- _Work to complete_
What is needed is every line of the material that contains "Kombinationsmöglichkeiten".

- _Data excerpts_
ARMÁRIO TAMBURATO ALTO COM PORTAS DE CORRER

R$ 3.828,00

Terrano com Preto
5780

==

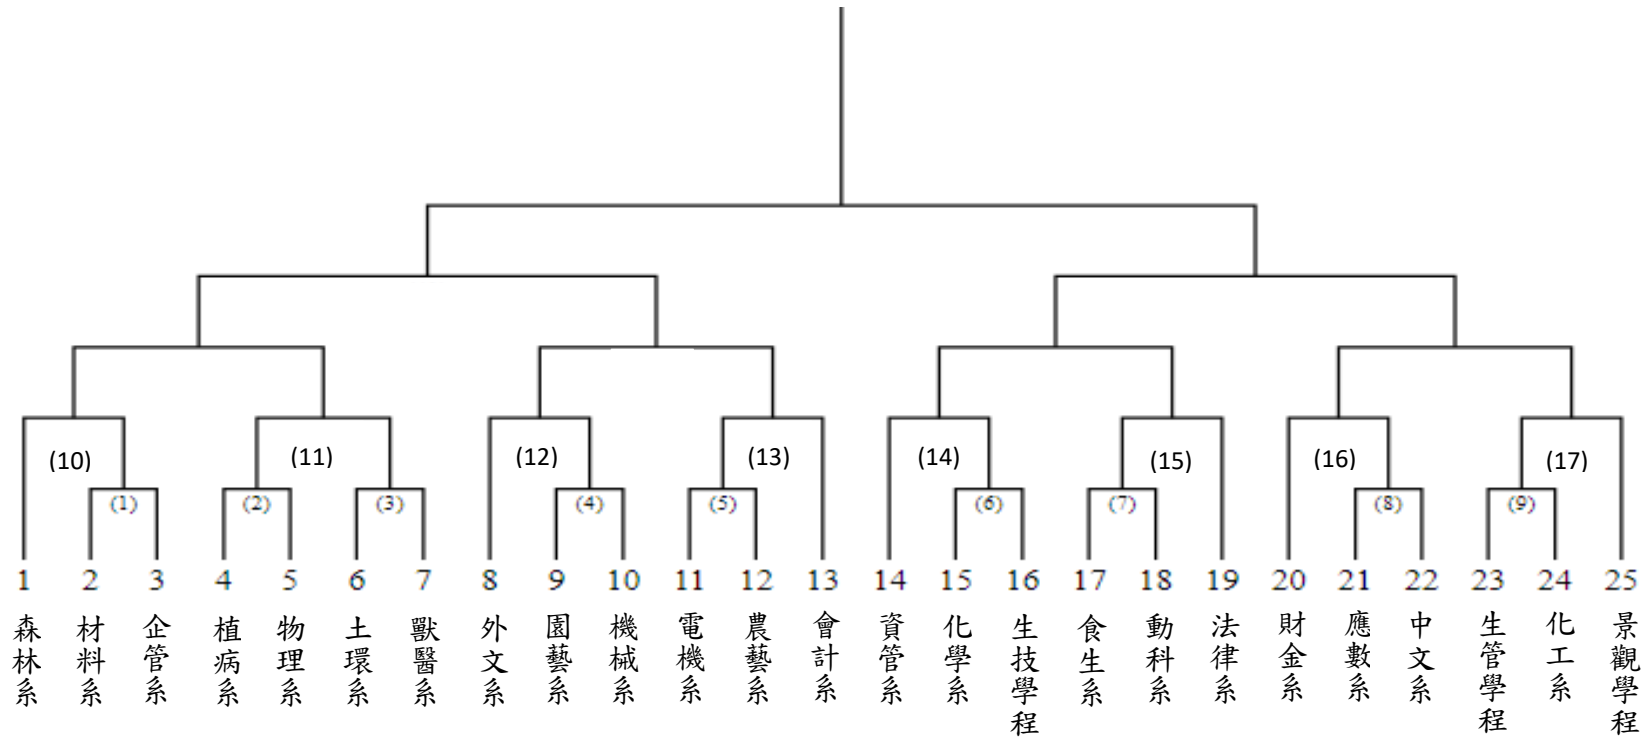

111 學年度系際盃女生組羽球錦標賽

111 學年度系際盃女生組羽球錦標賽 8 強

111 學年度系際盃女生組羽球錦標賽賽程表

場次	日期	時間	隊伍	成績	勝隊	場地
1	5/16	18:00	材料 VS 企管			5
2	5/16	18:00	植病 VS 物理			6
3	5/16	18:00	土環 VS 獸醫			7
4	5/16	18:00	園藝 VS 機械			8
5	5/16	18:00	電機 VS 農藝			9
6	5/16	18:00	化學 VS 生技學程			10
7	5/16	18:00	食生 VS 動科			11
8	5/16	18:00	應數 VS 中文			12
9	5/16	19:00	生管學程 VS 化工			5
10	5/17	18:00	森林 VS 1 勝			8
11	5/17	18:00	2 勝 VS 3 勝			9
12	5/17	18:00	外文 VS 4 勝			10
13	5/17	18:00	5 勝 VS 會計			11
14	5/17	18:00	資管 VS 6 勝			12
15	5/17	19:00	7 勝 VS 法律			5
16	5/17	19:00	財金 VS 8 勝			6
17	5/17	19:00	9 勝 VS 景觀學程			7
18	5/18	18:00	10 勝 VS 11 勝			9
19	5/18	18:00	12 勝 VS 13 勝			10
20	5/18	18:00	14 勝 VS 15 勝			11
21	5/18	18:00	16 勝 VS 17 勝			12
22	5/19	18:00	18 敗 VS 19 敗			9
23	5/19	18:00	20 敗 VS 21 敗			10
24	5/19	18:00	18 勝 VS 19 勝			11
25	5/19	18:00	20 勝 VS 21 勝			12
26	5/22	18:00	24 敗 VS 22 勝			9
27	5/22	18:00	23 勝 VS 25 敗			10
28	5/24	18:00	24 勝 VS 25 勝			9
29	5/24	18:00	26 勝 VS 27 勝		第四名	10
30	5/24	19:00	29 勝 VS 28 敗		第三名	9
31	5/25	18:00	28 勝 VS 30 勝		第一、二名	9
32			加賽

...

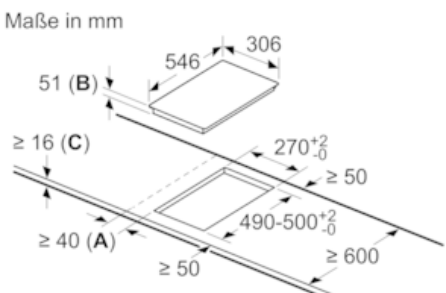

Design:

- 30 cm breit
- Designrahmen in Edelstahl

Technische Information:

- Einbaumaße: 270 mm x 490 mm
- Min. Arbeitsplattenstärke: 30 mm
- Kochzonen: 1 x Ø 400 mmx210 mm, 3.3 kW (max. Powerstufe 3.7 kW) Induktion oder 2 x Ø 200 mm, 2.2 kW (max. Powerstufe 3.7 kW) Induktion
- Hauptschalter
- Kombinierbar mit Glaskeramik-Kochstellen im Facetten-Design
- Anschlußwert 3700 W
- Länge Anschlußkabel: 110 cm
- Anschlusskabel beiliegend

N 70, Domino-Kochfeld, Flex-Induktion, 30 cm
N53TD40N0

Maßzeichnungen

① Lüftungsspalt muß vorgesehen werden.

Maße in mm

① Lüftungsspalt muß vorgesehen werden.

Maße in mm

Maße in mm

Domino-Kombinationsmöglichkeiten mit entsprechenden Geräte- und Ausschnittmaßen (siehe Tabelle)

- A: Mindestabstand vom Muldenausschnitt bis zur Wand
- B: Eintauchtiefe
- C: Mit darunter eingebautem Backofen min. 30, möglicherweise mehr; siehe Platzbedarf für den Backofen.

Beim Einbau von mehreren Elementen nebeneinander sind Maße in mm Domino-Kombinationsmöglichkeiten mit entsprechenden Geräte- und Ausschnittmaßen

- _Expected answer_
Domino-Kombinationsmöglichkeiten mit entsprechenden Geräte- und Ausschnittmaßen (siehe Tabelle)
Beim Einbau von mehreren Elementen nebeneinander sind Maße in mm Domino-Kombinationsmöglichkeiten mit entsprechenden Geräte- und Ausschnittmaßen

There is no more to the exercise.